Furthermore, Kentucky law is clear that “in the absence of circumstances showing it to be perpetual, a forbearance to sue for an indefinite time is regarded as calling for a reasonable period.” Mock v. Trs. of First Baptist Church of Newport, 252 Ky. 243, 67 S.W.2d 9, 11 (Ky. 1934); see also Vansant v. Vansant, 253 Ky. 399, 69 S.W.2d 724, 725 (Ky. 1934); 3 Richard A. Lord, Williston on Contracts § 7:46, at 740 (4th ed. 1992) (“[I]t is generally said that
Nothing in the agreement indicates that it was intended to be a perpetual forbearance. The agreement specifically stated that it was a not a settlement but a forbearance agreement. According to the document, Manning and the Manning Family Trust agreed to forbear collection considering the poor financial condition of Plaintiff at the time and the prospect of any further recovery from him in the future. This language does appear to leave the door open to Defendants to recover from Plaintiff in the event the latter’s financial situation changes. With no express time limit regarding the period of forbearance, Kentucky case law suggests that a reasonable time limit should be read into the agreement. Therefore, we agree with the bankruptcy court that no extrinsic evidence is necessary to consider the parties’ intent, and denial of Plaintiffs declaratory judgment request was proper.
II. The Amended Complaint
After the bankruptcy court ruled that the forbearance agreement was not a settlement or a release, Plaintiff moved to amend his complaint. Plaintiff alleged that following the judgment against him in 1996 in favor of Manning and the Manning Family Trust, he and his attorneys met with Manning and his attorneys between February 26 and March 22, 1996. Plaintiff alleged that during one such meeting and in his presence, one of his attorneys, Kenneth Smith, asked one of Manning’s attorneys, William Dykeman, why the document was labeled a forbearance agreement, instead of a settlement agreement. According to the complaint, Dykeman told him that there was really no difference between the terms as it relates to Plaintiff because as to Plaintiff, “it was over.” (J.A. at 252.) Dykeman also allegedly explained that he did not want to label the agreement a settlement agreement because to do so might limit Defendants’ separate lawsuits against Stoll, Keenon & Park and Bank One.

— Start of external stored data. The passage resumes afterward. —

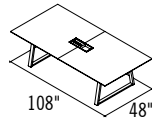

QMC_PLAN39
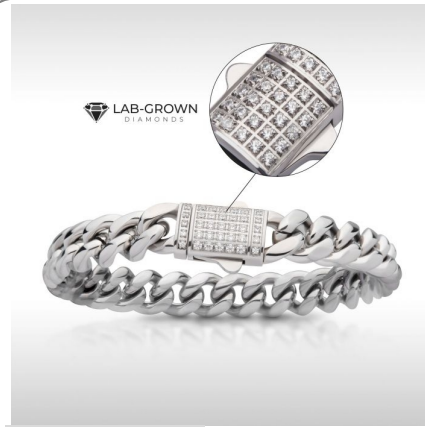

Model DMNSTC2108-8, -85
SRP \$595.00
Material Lab-Grown Diamond
Style 8mm Miami Cuban Link Diamond
Description 0.16CT = 35pcs 1mm Lab-grown Diamonds

Model DMNSTC2108-22GP, -24GP
SRP \$595.00
Material Lab-Grown Diamond
Style 8mm Miami Cuban Link Diamond
Description 0.16CT = 35pcs 1mm Lab-grown Diamonds

Model DMNSTC2108-8GP, -85GP
SRP \$595.00
Material Lab-Grown Diamond
Style 8mm Miami Cuban Link Diamond
Description 0.16CT = 35pcs 1mm Lab-grown Diamonds

Model DMNSTC2110-22, -24
 SRP \$875.00
 Material Lab-Grown Diamond
 Style 10mm Miami Cuban Link Diamond
 Description 0.47CT = 25pcs 1.5mm + 10pcs 1.2mm Diamonds
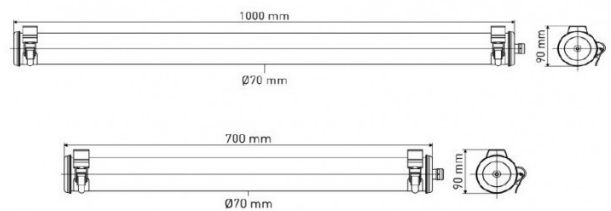

## PRODUCT SPECIFICATION

**Light Source:** 700mm - 13W, 2700K, 800 Lumens  
1000mm - 19W, 2700K, 1200 Lumens

**IP Code:** 68

**Dimming:** Dimmable via bluetooth using Casambi app.

**Dimensions: 700mm:**  
Ø7cm  
Length: 70cm  
Depth: 9cm

**1000mm:**  
Ø7cm  
Length: 100cm  
Depth: 9cm

**For all sales and technical enquiries, please contact:**

+44 (0)114 263 4266

info@davidvillagelighting.co.uk

www.davidvillagelighting.co.uk
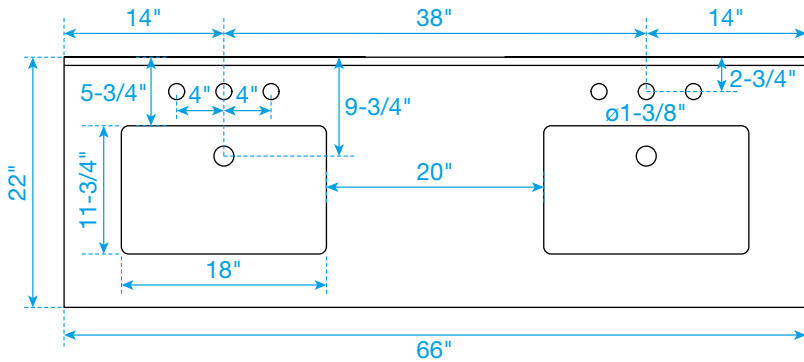

WYNDHAM COLLECTION

TOP VIEW OF VANITY CABINET

*Note: Due to high probability of breakage, the backsplash comes in two pieces, cut from the same piece. All measurements are $\pm 1/4"$.

WC-2424-66-DBL
Quartz
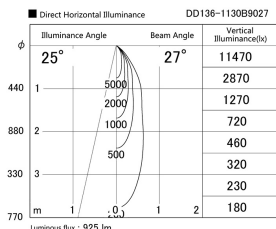

Item no. DD136-1130B9027

Series Name: Cledy versa R-G (DD136)

Installation	Recessed mount
Type	High-efficiency adjustable downlight
Fixture wattage	10.5W
Beam angle	27 deg
Color Temp.	2700K
CRI	Ra>90
Luminous	923 lm
Body	Die-cast aluminum alloy
Body finish	N/A
Trim finish	Black
Reflector finish	N/A
IP Rate	IP20
Light source	COB module
Input Voltage	AC220~240V
Dimming Type	Non-Dimmable
Certificate	CE, CCC
Cut Hole	100mm
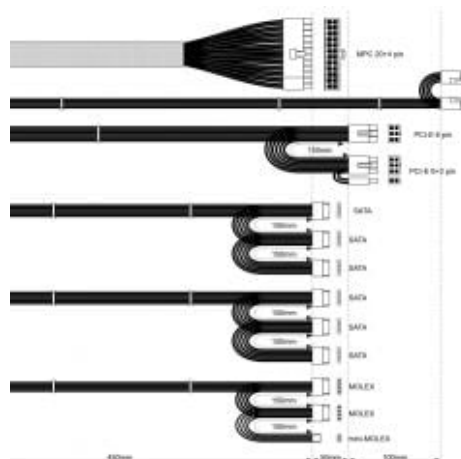

Computer power supply

Model: **AK-U4-800**

Product type	Computer power supply
Format	ATX 2.31
Series	Ultimate
Supply voltage	200-240 V
Power consumption	< 5 A
Efficiency	> 80 %
80 PLUS compatibility	Yes
80 PLUS certificate	Bronze
Current on the +3.3V rail	13 A
Current on the +5V rail	13 A
Maximum load on +3.3V and +5V line	105 W
Current on the +12V rail	28 A
Maximum load on 12V line	679 W
Maximum power	800 W
Mainboard Power Connector	24-pin
Power connector ATX12V P4	None
Power connector EPS12V 8 pin	1 pc (4 + 4-pin)
Power connector PCI-E 6 pin	1 pc
Power connector PCI-E 6+2 pin	1 pc
Power connector PCI-E 8 pin	None
Molex connector	2 pcs
Mini-Molex connector	1 pc
SATA connector	6 pcs
Modular power supply	No
PFC filter	Active
Mechanical switch	Yes
Ground wire	Yes
OVP	Yes
OCP	Yes
OPP	Yes
OTP	Yes
SCP	Yes
UVP	Yes
Power supply connector	IEC C14
Fan size	120 mm
Fan adjustments	Automatic
Cable length	45 - 75 cm
The cable plug #1	Hybrid standard C/E/F (CEE 7/7)
The cable plug #2	IEC C13
Power cable included	Yes

Material	Galvanized steel
Product color	Black
MTBF	100000 h
Temperature	5 - 50 °C
Package	EcoBox
Product size (L x W x H)	140 x 150 x 85 mm
Package size (L x W x H)	222 x 155 x 95 mm
Net weight	1.62 kg
Gross weight	1.69 kg
CE compatibility	Yes
FCC compatibility	No
RoHS compatibility	Yes
REACH compatibility	Yes
Included accessories	Cable IEC C13 1 m
EAN code	5901720136381
Warranty	36 months

The amended complaint also referenced a letter dated March 12, 1996 from Manning’s attorneys to Plaintiffs attorneys, which stated that Manning and the Manning Family Trust would not pursue collection efforts against Plaintiff if the latter agreed to the terms of the letter. Those terms were made part of the forbearance agreement. Further, the amended complaint alleges that before signing the agreement, Plaintiff looked up at Manning and asked him, “‘When I sign this, it’s over?” ’ (J.A. at 252.) He alleges that Manning replied, “It’s over,” and Plaintiff, in reliance, then signed the agreement. (J.A. at 253.) Plaintiff alleges that the representations made by Manning and Manning’s counsel were false and fraudulent or made with reckless disregard for the truth. He alleges that he relied on these representations in signing the forbearance agreement and that doing so caused him considerable damages.
In granting Defendants’ motion to dismiss, the bankruptcy court found that Plaintiff had presented some evidence, but that the evidence did not rise to the level of clear and convincing evidence of fraud. The court found that, at most, what may have occurred was a misunderstanding on the part of Plaintiff and his counsel. The district court affirmed, explaining that it had reviewed the parties evidence and likewise found no reasonable grounds to believe that the forbearance agreement was intended to have any greater legal effect than what the language of the document indicates.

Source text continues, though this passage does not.